• How to complete this task:
In your copy, repeat each record exactly and include no pictures.

• Data provided:
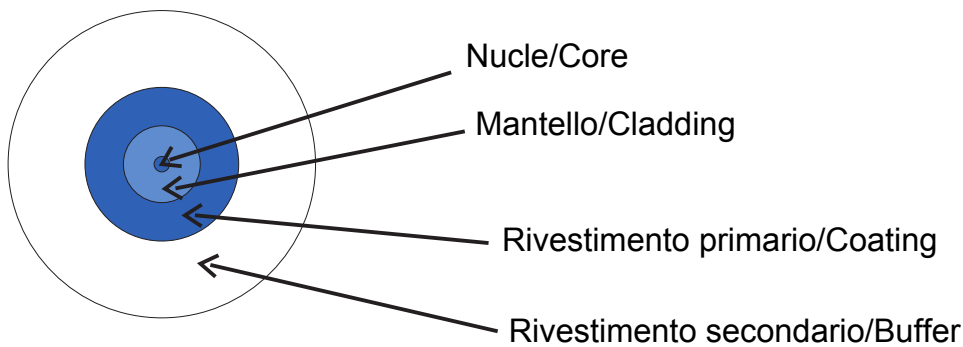

Sistem complet pentru conectarea și distribuția rețelelor LAN în medii rezidențiale și DIN sectorul terțiar.
Gama include soluții de fibră optică, panouri de perete, dulapuri de podea și produse de cablare DIN cupru.
Seria Data Center oferă toate produsele necesare pentru crearea unei infrastructuri multifuncționale de fibră optică pentru clădiri rezidențiale, în deplină conformitate cu toate indicațiile dictate de noile Linii directe ale celor 306-2 și Legea 164/14.

Categorie	Conector optic	Culoare cablu	Alb
Nr. fibre optice	1	Lungime	20 m
Ø manta	2,6 mm	Ø teacă de tragere	9 mm
Pentru conectori	Standard	Clasificare	G.657.A2 / B6_a2 Îndoire insensibilă
ØNucleu	9 µm	ØSchelet	125 µm
Element de rezistență	Kevlar	Înveliș extern	LSZH
Cablu	Slăbit - OS2	Curs de resuscitare	Cca-s1b,d1,a1
Tensiune	50 N	Raza minimă de îndoire (DINamică)	Diametru cablu
Raza minimă de îndoire (statică)	10X Diametru cablu	Atenuare maximă (@1310 nm / @1550 nm)	0,35 / 0,2 dB/Km
Temperatura de lucru	De la -10°C la +60°C		

DIMENSIONAL

STANDARDS/APPROVALS
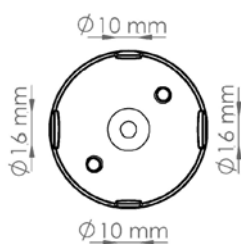

8708

Loggiato

Descrizione: / Description:

Apparecchio di illuminazione in rame anticato con asta telescopica, regolabile in altezza al momento dell'installazione, comprensivo di vetro soffiato colore bianco-latte lucido. La sospensione ha il rosone in fusione di ottone successivamente anticato e può essere corredato con gli accessori adatti a realizzare l'"impianto a vista", da ordinare a parte.

/ Aged copper lighting pendant height-adjustable at time of installation. The pendant includes the blown white-milk shiny glass and can be combined with all those accessories for making up the "Surface Mounted wiring system", to be ordered separately.

Uscite rosone:
/ Ceiling rose outputs:

Il rosone è comprensivo di tappi di chiusura.
/ Closing taps are included in the ceiling rose.

8708

DATI TECNICI: / TECHNICAL DATA:

SORGENTE LUMINOSA: / LIGHT SOURCE:

15W LED
230V - 50Hz
E27

LAMPADINA NON INCLUSA
/ LIGHT BULB NOT INCLUDED

Sorgente luminosa sostituibile dall'utente finale
/ Replaceable light source by an end-user

VOLUME [M³]: 0,19

PESO LORDO [Kg]: 5,940
/ GROSS WEIGHT [Kg]:
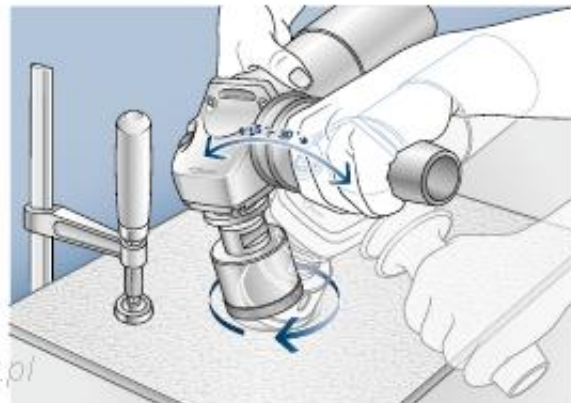

#### BOSCH WIERTŁO DIAMENTOWE DO PRACY NA SUCHO

**Dry Speed:** najszybsze wiercenie wszystkich twardych płytek.

Wiertła diamentowe do pracy na sucho z chwytem M14 do szlifierek kątowych o maksymalnej prędkości obrotowej do 11.000 obr/min osiągają znacznie szybsze tempo cięcia i odznaczają się dłuższą żywotnością niż porównywalne produkty stosowane do pracy na mokro. Doskonały rezultat, więcej otworów w krótszym czasie i przy mniejszym nakładzie sił.

**Charakterystyka:**

- do wiercenia miękkich i bardzo twardych płytek podłogowych oraz kamienia naturalnego,
- przeznaczone do stosowania w szlifierek kątowych,

Do nawiercania otworu wiertło należy ustawić pod lekkim skosem (kąt od 15° do 30°), a następnie stopniowo prostować je do pozycji prostopadłej.

Wiercić płytkę lub płytkę kamienną ruchem lekko okrężnym.

**Dane techniczne:**

- średnica wiertła w mm: 70,
- średnica wiertła w calach: 2 3/4",
- długość robocza: 35 mm,

**Nr.kat.** 2 608 587 132
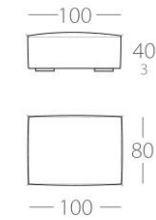

1-Sitzer

1 Lehne links
Art.Nr. : 69.15
1 Lehne rechts
Art.Nr. : 69.16

3-Sitzer

kurze Lehne links
Art.Nr. : 69.71
kurze Lehne rechts
Art.Nr. : 69.72

2-Sitzer

-quer-
ohne Armlehnen
Art.Nr. : 69.24

2-Sitzer

ohne Armlehnen
Art.Nr. : 69.23

1,5-Sitzer

ohne Armlehnen
Art.Nr. : 69.25

1-Sitzer

ohne Armlehnen
Art.Nr. : 69.27

1,5 Sitzer

-quer-
ohne Armlehnen
Art.Nr. : 69.26

Chaiselongue 1

1 Lehne links
Art.Nr. : 69.21
1 Lehne rechts
Art.Nr. : 69.22

Dieses Modell wird standardmäßig ohne lose Rückenissen geliefert.
Passende Kissen finden Sie unter Epic Kissen auf der entsprechenden Seite.

EPIC

Chaiselongue 3

Chaiselongue 4

Hocker 120*100cm

Hocker 100*100cm

EPIC (Rückenkissen)

Stegbreite 7cm

100cm x 50cm

90cm x 50cm

80cm x 50cm

75cm x 50cm

70cm x 50cm

nur Kissen
Kissen & Rolle
Daunenfüllung
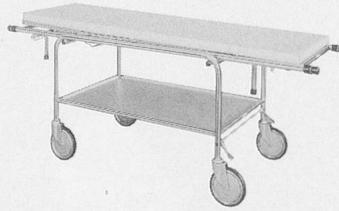

40 Jahre
1946-1986

HESS
CH - Dübendorf

HESS
CH - Dübendorf
Inhaber Peter Hässig
Tel. 01/821 64 35

Fabrikation und Handel
von Klinik- und
Praxisgeräten

Industrien Schörl
Im Schossacher 15
CH - 8600 Dübendorf

• Solution for this problem:
Sistem complet pentru conectarea și distribuția rețelelor LAN în medii rezidențiale și DIN sectorul terțiar.
Gama include soluții de fibră optică, panouri de perete, dulapuri de podea și produse de cablare DIN cupru.
Seria Data Center oferă toate produsele necesare pentru crearea unei infrastructuri multifuncționale de fibră optică pentru clădiri rezidențiale, în deplină conformitate cu toate indicațiile dictate de noile Linii directe ale celor 306-2 și Legea 164/14.

Categorie	Conector optic	Culoare cablu	Alb
Nr. fibre optice	1	Lungime	20 m
Ø manta	2,6 mm	Ø teacă de tragere	9 mm
Pentru conectori	Standard	Clasificare	G.657.A2 / B6_a2 Îndoire insensibilă
ØNucleu	9 µm	ØSchelet	125 µm
Element de rezistență	Kevlar	Înveliș extern	LSZH
Cablu	Slăbit - OS2	Curs de resuscitare	Cca-s1b,d1,a1
Tensiune	50 N	Raza minimă de îndoire (DINamică)	Diametru cablu
Raza minimă de îndoire (statică)	10X Diametru cablu	Atenuare maximă (@1310 nm / @1550 nm)	0,35 / 0,2 dB/Km
Temperatura de lucru	De la -10°C la +60°C		

DIMENSIONAL

STANDARDS/APPROVALS

8708

Loggiato

Descrizione: / Description:

Apparecchio di illuminazione in rame anticato con asta telescopica, regolabile in altezza al momento dell'installazione, comprensivo di vetro soffiato colore bianco-latte lucido. La sospensione ha il rosone in fusione di ottone successivamente anticato e può essere corredato con gli accessori adatti a realizzare l'"impianto a vista", da ordinare a parte.

/ Aged copper lighting pendant height-adjustable at time of installation. The pendant includes the blown white-milk shiny glass and can be combined with all those accessories for making up the "Surface Mounted wiring system", to be ordered separately.

Uscite rosone:
/ Ceiling rose outputs:

Il rosone è comprensivo di tappi di chiusura.
/ Closing taps are included in the ceiling rose.

8708

DATI TECNICI: / TECHNICAL DATA:

SORGENTE LUMINOSA: / LIGHT SOURCE:

15W LED
230V - 50Hz
E27

LAMPADINA NON INCLUSA
/ LIGHT BULB NOT INCLUDED

Sorgente luminosa sostituibile dall'utente finale
/ Replaceable light source by an end-user

VOLUME [M³]: 0,19

PESO LORDO [Kg]: 5,940
/ GROSS WEIGHT [Kg]:

#### BOSCH WIERTŁO DIAMENTOWE DO PRACY NA SUCHO

**Dry Speed:** najszybsze wiercenie wszystkich twardych płytek.

Wiertła diamentowe do pracy na sucho z chwytem M14 do szlifierek kątowych o maksymalnej prędkości obrotowej do 11.000 obr/min osiągają znacznie szybsze tempo cięcia i odznaczają się dłuższą żywotnością niż porównywalne produkty stosowane do pracy na mokro. Doskonały rezultat, więcej otworów w krótszym czasie i przy mniejszym nakładzie sił.

**Charakterystyka:**

- do wiercenia miękkich i bardzo twardych płytek podłogowych oraz kamienia naturalnego,
- przeznaczone do stosowania w szlifierek kątowych,

Do nawiercania otworu wiertło należy ustawić pod lekkim skosem (kąt od 15° do 30°), a następnie stopniowo prostować je do pozycji prostopadłej.

Wiercić płytkę lub płytkę kamienną ruchem lekko okrężnym.

**Dane techniczne:**

- średnica wiertła w mm: 70,
- średnica wiertła w calach: 2 3/4",
- długość robocza: 35 mm,

**Nr.kat.** 2 608 587 132

1-Sitzer

1 Lehne links
Art.Nr. : 69.15
1 Lehne rechts
Art.Nr. : 69.16

3-Sitzer

kurze Lehne links
Art.Nr. : 69.71
kurze Lehne rechts
Art.Nr. : 69.72

2-Sitzer

-quer-
ohne Armlehnen
Art.Nr. : 69.24

2-Sitzer

ohne Armlehnen
Art.Nr. : 69.23

1,5-Sitzer

ohne Armlehnen
Art.Nr. : 69.25

1-Sitzer

ohne Armlehnen
Art.Nr. : 69.27

1,5 Sitzer

-quer-
ohne Armlehnen
Art.Nr. : 69.26

Chaiselongue 1

1 Lehne links
Art.Nr. : 69.21
1 Lehne rechts
Art.Nr. : 69.22

Dieses Modell wird standardmäßig ohne lose Rückenissen geliefert.
Passende Kissen finden Sie unter Epic Kissen auf der entsprechenden Seite.

EPIC

Chaiselongue 3

Chaiselongue 4

Hocker 120*100cm

Hocker 100*100cm

EPIC (Rückenkissen)

Stegbreite 7cm

100cm x 50cm

90cm x 50cm

80cm x 50cm

75cm x 50cm

70cm x 50cm

nur Kissen
Kissen & Rolle
Daunenfüllung

40 Jahre
1946-1986

HESS
CH - Dübendorf

HESS
CH - Dübendorf
Inhaber Peter Hässig
Tel. 01/821 64 35

Fabrikation und Handel
von Klinik- und
Praxisgeräten

Industrien Schörl
Im Schossacher 15
CH - 8600 Dübendorf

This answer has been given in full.